Macdonald has been a practicing artist since the mid-1990s. Since 2013 she has made paintings of reflected rain in various guises. Between 2013 and 2017, her work exhibited metaphorical associations of inversion and reflection, such as states of disorientation. In 2018, she shifted focus by 'zooming in' closer, capturing raindrops circling onto groundwater. These newer paintings fracture previously legible images into ripples. Originating in drawing and photography, she engages with analog and digital, moving between collage, photocopies, projections, tracings, and drawing.
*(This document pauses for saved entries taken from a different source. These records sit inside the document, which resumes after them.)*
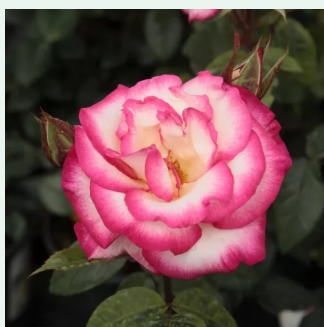

Rosa Harlekin®

bijela, rubovi lista ciklama roza - Ruža puzavica
280-320 cm
srednjeg intenziteta miris ruže - -
Reimer Kordes
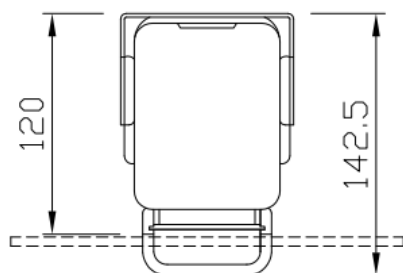

ZALUSTROWY DOZOWNIK DO MYDŁA W PŁYNIE

AKCBC5491BM

Opis produktu / Zastosowanie

Dozownik wykonany jest z najwyższej jakości stali nierdzewnej. Największe zalety dozownika to higiena rąk zawarta w jednym miejscu nad umywalką. Zmniejsza zużycie mydła – ochrona środowiska.

Opis techniczny

Wymiary (mm)	335x94x140
Materiał	Stal nierdzewna, plastik
Wykończenie	Satyna, białe
Dozowanie	1,5 ml mydła
Uruchamianie	Ręczne za pomocą dźwigni
Pojemność	1200ml
Instalacja	Za lustrem
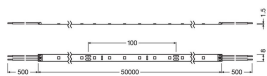

Scheda tecnica Ledvance Strisce LED Value 600 27.5W 600lm 24v - 840 Bianco Freddo | 50M/8mm

[Visualizza il prodotto](#)

Dati tecnici

SKU	251575
EAN	4058075597419
Marca	Ledvance
Nome del fabbricante	LS VAL-600/840/50 10X1 LEDV
Garanzia Totale di Lampadadiretta	3 anni
Vita Media Utile (ora)	20000

Informazioni tecniche

Tecnologia	LED
Potenza Lampada	27.5
Voltaggio (V)	24
Dimmerabile	Non dimmerabile
Codice Colore	840 Bianco Freddo
Colore della Luce (Kelvin)	4000 Bianco Freddo
Colore Chiaro	Bianco
Indice di Resa Cromatica (Ra)	80-89 - Buona resa cromatica
Impostazione del Colore	Colore unico
Flusso Luminoso (Lumen)	600
Efficienza (Lm/W)	98
Protezione da solidi e liquidi	IP00

Tipo di Prodotto Strisce LED

Info prodotto

Led's per meter 60

Dimensioni

Lunghezza (mm) 50000

Larghezza (mm) 8

Altezza (mm) 2

Informazioni sul sensore
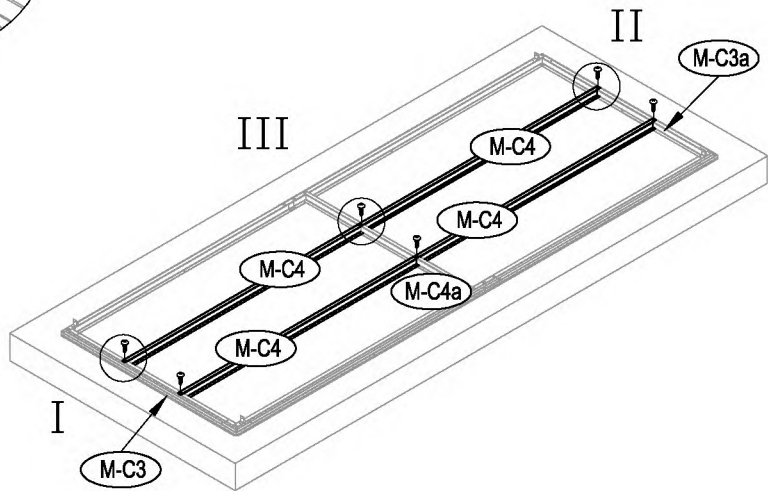

Dřevník

Návod k použití
Instrukce k sestavení dřevníku Hestia CW-A

Montáž vyžaduje dva lidi a zabere cca 2-3 hodiny.

Rozměr domku:

Plocha potřebná k postavení:

1

x 2

2

3

4

III

5

6

7

8

9

III

26

III

IV

27

28

29

x 4
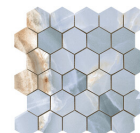

60x120 Rc / 24"x48"

NAVY PULIDO 60x120 RC
G.155 | Hochwertige Politur | Neutrale Scherben
Begradigt.

WHITE PULIDO 60x120 RC
G.155 | Hochwertige Politur | Neutrale Scherben
Begradigt.

BLACK PULIDO GRANILLA 60x120 RC
G.155 | Hochwertige Politur | Neutrale Scherben
Begradigt.

HEXAGON AMPLE NAVY PULIDO PREMIUM 32,5X22,5
SP2046 | Hochwertige Politur |

HEXAGON AMPLE BLACK PULIDO PREMIUM 32,5X22,5
SP2046 | Hochwertige Politur |

30x30 / 12"x12"

**MOSAICO NAVY PULIDO PREMIUM
30x30**
SP2037 | Hochwertige Politur |

MOSAICO BEIGE PULIDO 30x30
SP2037 | Poliert |

MOSAICO WHITE PULIDO 30x30
SP2037 | Poliert |

MOSAICO BLACK PULIDO 30x30
SP2037 | Poliert |

26x27 / 11"x11"

**HEXAGON WHITE PULIDO PREMIUM
26X27**
SP2054 | Hochwertige Politur |

**HEXAGON BEIGE PULIDO PREMIUM
26X27**
SP2054 | Hochwertige Politur |

**HEXAGON NAVY PULIDO PREMIUM
26X27**
SP2054 | Hochwertige Politur |

**HEXAGON BLACK PULIDO PREMIUM
26X27**
SP2054 | Hochwertige Politur |
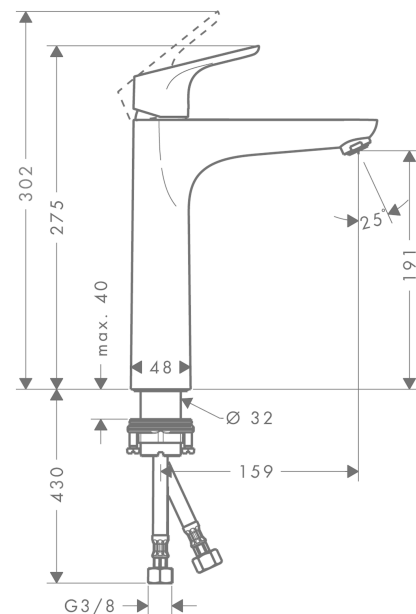

Dibujo a escala

She then uses paint diluted with stand oil and neo-megilp on neutral-toned linen creating a sheen that emulates the surface of water.
Macdonald makes drawings inspired by row coverings and cold frames dotted around the local Western Massachusetts landscape. She uses both small, intimate (5 in. x 9 in.) and large, physical (up to 8 feet wide) scales in her work. Her current (as of 2020) painting series are titled Sky on Ground and Ground Covering, where "ground" is both a noun and a verb: the earth beneath our feet, and the act of anchoring and situating a body in place.
Her work is influenced by many sources including the Kano School, particularly the work of Kano Tanyu, Latvian artist Vija Celmins, and Chicago artist and former professor Julia Fish.
Since 2008, Macdonald has been represented by Cynthia-Reeves Gallery in New Hampshire.
Macdonald moved to New England in 2006.[2] She lives and works in Massachusetts. She is married to Eric Salus and has three children: daughter, Isla Salus, and sons, Bram and Fenno Salus.